• _Requirement_
Copy out, from the entries below, each line that holds the string "Material".

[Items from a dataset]
# # #
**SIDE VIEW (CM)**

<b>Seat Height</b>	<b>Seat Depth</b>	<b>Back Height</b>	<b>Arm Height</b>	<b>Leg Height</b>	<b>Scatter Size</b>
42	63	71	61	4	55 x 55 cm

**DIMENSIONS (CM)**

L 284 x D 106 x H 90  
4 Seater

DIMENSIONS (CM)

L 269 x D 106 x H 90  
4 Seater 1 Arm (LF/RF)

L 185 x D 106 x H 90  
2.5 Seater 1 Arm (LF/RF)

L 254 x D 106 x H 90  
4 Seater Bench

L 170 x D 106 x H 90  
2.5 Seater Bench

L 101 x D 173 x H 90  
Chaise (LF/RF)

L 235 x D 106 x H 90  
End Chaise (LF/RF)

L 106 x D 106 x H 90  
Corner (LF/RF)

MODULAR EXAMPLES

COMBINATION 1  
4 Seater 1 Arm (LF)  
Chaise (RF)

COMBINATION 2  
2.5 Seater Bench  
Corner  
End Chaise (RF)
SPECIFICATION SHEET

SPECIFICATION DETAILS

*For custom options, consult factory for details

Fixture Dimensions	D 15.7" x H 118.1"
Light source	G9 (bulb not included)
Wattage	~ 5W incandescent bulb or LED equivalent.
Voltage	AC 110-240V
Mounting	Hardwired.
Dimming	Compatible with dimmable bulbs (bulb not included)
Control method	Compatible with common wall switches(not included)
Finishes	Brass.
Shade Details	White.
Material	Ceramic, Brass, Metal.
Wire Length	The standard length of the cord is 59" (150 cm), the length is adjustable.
# # #
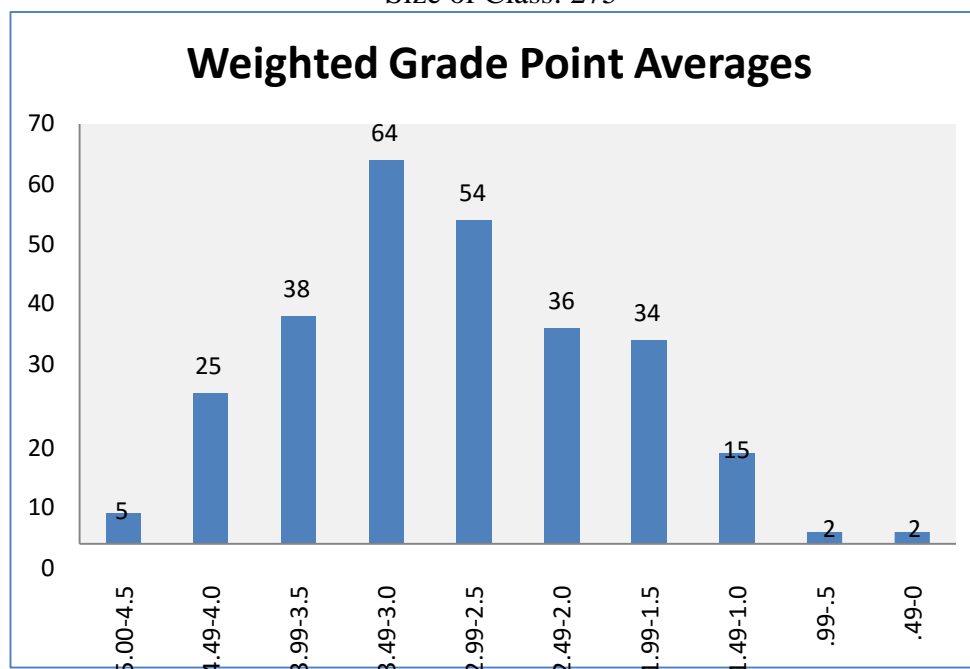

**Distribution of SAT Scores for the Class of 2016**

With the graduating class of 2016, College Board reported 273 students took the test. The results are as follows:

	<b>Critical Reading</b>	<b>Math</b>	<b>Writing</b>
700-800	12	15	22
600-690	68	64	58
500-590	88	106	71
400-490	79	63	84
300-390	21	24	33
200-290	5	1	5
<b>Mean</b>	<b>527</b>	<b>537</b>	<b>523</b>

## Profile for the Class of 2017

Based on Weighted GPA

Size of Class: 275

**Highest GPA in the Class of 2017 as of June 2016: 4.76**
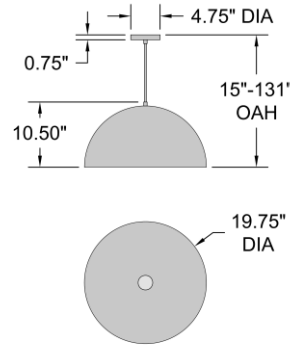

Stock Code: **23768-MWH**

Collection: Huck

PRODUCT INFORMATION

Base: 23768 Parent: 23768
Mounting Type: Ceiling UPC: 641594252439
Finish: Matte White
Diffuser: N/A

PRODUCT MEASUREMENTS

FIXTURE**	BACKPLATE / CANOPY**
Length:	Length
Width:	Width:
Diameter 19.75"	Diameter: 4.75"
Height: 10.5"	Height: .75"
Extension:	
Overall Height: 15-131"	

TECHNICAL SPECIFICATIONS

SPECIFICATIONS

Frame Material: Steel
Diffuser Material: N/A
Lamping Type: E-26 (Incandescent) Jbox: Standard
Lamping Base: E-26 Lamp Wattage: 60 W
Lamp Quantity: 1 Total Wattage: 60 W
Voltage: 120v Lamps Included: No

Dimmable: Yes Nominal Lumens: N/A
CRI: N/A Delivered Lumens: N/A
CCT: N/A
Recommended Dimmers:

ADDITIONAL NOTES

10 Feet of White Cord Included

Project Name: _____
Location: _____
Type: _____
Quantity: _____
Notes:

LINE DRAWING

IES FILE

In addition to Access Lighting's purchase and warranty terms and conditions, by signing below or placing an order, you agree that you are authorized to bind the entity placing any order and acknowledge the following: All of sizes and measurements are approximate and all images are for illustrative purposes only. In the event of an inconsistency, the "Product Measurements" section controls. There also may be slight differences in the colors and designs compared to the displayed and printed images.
# # #
• _Answer space_
Material	Ceramic, Brass, Metal.
Frame Material: Steel
Diffuser Material: N/A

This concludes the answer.